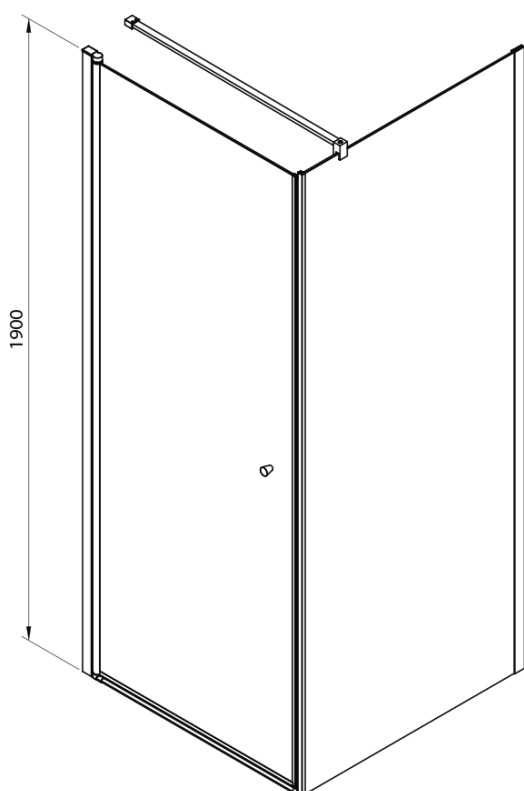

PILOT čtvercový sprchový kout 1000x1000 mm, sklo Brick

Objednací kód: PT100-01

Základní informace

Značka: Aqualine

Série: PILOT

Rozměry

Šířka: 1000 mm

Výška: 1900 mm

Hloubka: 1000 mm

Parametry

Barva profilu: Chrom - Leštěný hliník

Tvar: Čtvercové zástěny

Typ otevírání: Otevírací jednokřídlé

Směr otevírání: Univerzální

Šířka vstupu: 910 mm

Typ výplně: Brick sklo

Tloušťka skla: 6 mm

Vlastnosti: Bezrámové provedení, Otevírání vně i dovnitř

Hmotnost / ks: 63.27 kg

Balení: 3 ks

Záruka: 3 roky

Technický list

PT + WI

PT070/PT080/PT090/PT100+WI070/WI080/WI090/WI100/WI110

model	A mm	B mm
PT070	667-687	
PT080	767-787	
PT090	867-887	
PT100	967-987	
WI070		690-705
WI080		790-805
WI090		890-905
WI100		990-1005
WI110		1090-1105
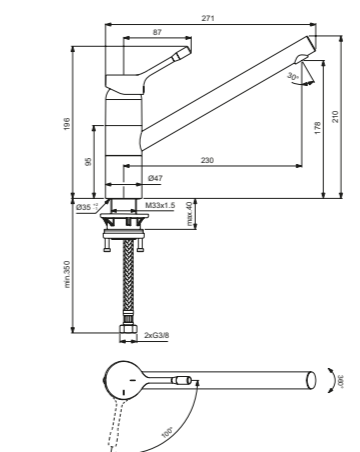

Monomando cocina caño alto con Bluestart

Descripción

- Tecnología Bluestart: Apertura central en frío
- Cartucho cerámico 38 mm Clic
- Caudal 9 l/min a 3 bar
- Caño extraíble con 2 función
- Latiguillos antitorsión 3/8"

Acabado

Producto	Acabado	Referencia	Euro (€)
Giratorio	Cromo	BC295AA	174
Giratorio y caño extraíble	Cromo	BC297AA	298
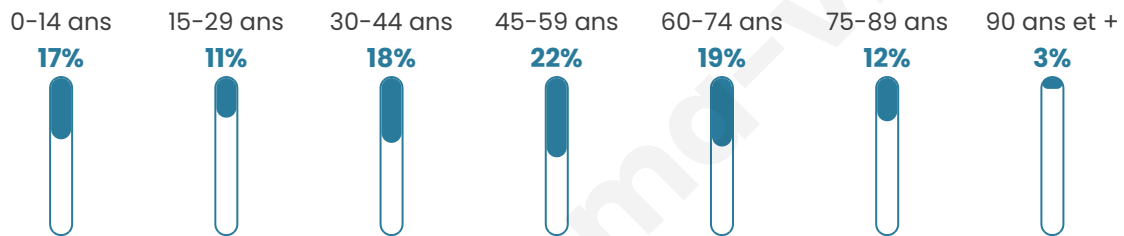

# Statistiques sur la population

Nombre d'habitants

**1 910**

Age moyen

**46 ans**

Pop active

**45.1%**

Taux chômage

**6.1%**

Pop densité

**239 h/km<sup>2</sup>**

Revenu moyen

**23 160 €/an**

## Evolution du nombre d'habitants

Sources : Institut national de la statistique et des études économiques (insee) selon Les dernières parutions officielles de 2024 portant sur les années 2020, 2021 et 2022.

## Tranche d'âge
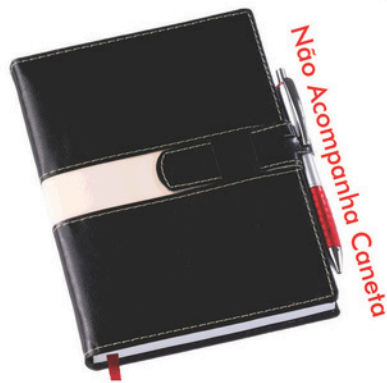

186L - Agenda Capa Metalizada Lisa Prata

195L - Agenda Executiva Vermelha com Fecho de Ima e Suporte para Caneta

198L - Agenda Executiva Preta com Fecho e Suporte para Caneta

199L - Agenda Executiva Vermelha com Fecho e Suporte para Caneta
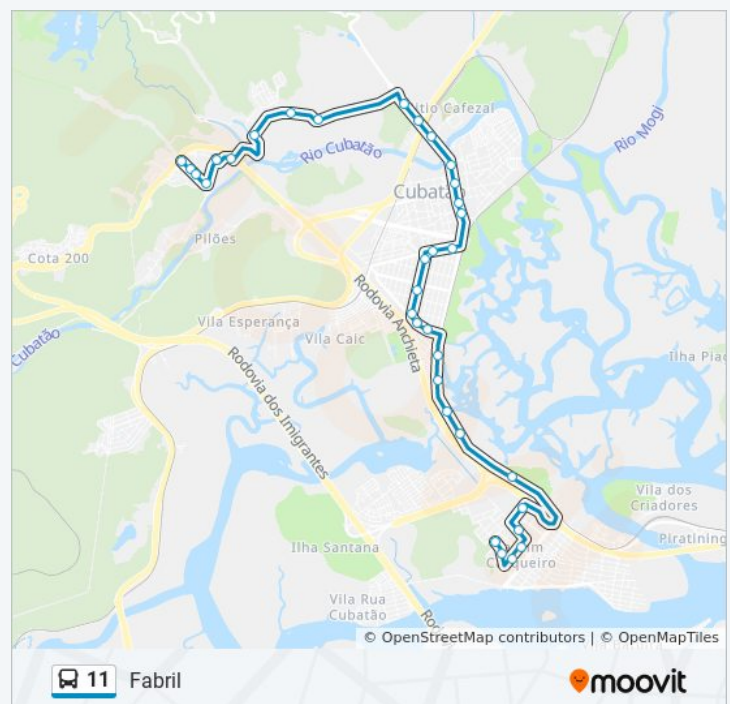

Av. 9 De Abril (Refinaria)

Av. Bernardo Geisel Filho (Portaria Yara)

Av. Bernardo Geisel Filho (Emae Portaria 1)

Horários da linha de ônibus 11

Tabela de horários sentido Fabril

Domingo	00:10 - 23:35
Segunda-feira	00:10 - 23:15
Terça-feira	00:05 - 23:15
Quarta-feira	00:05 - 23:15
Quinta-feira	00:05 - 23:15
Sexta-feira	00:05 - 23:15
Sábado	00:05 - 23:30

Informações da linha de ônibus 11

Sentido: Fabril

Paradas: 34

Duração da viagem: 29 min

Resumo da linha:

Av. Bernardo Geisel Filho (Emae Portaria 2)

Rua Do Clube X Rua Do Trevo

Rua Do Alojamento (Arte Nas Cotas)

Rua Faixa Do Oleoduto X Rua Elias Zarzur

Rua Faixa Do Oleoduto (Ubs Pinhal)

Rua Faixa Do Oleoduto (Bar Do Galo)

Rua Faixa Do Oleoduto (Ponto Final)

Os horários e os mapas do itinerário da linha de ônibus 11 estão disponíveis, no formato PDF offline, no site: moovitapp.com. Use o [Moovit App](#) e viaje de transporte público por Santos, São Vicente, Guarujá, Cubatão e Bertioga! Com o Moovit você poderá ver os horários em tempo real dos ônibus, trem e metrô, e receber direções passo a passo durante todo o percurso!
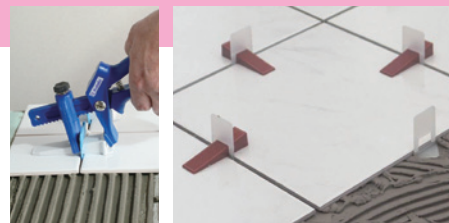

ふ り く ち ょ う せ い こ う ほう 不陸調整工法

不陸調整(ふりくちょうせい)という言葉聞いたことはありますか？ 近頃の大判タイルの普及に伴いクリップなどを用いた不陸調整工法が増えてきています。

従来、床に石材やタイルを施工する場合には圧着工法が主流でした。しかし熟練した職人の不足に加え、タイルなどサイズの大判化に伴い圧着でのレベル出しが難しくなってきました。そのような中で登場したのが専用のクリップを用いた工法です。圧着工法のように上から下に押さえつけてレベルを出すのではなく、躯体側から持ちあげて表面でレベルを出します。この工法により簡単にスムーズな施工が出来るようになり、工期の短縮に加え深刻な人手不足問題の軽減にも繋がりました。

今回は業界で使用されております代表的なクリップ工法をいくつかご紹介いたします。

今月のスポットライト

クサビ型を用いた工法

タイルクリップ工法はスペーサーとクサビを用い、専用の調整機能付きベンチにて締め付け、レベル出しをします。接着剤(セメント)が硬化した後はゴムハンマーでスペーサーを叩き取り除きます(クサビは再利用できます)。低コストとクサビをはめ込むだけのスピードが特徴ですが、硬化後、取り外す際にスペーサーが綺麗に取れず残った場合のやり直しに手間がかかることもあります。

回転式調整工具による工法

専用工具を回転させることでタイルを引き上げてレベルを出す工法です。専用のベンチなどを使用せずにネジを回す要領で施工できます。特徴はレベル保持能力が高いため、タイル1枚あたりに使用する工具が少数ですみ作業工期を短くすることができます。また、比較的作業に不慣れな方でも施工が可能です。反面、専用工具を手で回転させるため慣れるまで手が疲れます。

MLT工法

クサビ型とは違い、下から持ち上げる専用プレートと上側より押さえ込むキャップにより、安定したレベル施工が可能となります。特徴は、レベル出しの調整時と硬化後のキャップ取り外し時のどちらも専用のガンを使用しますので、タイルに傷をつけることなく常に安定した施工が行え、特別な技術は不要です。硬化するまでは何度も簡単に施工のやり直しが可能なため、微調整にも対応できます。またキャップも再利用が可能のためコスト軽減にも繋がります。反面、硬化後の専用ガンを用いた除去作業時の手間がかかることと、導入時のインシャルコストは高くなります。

——————

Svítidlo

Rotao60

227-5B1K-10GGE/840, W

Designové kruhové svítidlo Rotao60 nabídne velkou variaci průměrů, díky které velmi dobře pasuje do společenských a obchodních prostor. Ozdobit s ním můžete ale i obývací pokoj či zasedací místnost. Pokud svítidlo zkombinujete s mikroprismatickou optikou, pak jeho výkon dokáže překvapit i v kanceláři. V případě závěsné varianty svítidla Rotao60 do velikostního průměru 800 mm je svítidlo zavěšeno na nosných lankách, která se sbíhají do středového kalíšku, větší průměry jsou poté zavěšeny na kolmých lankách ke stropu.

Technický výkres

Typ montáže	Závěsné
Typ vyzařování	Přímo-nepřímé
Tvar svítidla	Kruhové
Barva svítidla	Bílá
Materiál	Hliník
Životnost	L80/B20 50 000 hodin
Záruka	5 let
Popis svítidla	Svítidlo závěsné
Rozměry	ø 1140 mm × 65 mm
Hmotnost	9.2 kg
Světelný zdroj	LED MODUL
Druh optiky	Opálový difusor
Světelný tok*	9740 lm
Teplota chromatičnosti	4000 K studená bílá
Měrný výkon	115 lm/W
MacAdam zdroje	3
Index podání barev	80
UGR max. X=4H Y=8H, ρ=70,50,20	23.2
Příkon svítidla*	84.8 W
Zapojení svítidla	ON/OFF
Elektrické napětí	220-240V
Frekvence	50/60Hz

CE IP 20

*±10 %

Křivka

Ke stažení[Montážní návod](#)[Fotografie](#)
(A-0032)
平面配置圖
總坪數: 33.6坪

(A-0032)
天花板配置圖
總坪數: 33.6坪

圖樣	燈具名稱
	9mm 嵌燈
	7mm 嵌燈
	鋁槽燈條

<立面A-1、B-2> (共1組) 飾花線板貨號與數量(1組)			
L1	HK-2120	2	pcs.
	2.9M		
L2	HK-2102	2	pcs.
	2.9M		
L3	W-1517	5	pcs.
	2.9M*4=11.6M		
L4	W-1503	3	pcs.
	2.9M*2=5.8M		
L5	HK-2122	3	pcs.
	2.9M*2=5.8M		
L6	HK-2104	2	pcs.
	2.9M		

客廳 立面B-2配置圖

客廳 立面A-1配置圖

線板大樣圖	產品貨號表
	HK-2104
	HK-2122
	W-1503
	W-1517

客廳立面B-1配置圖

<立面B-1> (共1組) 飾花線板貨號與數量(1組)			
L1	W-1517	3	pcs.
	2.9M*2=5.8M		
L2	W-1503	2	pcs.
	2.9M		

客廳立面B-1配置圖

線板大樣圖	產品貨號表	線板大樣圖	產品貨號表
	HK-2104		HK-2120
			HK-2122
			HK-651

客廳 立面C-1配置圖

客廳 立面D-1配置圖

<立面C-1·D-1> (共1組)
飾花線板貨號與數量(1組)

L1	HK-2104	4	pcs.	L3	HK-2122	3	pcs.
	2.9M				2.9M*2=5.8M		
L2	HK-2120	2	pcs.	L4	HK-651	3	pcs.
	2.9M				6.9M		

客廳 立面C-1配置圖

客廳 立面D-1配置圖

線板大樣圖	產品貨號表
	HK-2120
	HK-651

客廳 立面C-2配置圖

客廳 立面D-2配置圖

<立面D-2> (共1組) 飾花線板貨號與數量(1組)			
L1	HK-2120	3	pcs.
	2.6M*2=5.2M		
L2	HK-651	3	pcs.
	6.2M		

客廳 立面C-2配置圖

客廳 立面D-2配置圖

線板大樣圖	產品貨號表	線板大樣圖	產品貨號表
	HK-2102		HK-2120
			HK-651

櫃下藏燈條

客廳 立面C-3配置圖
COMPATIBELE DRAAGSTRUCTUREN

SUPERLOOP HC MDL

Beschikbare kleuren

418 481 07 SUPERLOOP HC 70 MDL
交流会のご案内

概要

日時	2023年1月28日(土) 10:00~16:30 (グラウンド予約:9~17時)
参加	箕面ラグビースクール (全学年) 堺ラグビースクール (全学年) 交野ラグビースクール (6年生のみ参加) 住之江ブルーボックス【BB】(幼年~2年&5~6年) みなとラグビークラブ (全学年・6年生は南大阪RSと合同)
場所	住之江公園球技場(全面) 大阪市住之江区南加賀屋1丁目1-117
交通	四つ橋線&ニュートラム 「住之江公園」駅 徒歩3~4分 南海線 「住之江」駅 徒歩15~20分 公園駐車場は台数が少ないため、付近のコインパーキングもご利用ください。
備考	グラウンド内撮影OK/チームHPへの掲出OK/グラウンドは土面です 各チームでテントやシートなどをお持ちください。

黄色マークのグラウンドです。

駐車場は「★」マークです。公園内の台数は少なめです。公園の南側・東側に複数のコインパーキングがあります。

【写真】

——————

Collect the lines of the data that carry the word "Giratorio".

**Written solution:**
Giratorio	Cromo	BC295AA	174
Giratorio y caño extraíble	Cromo	BC297AA	298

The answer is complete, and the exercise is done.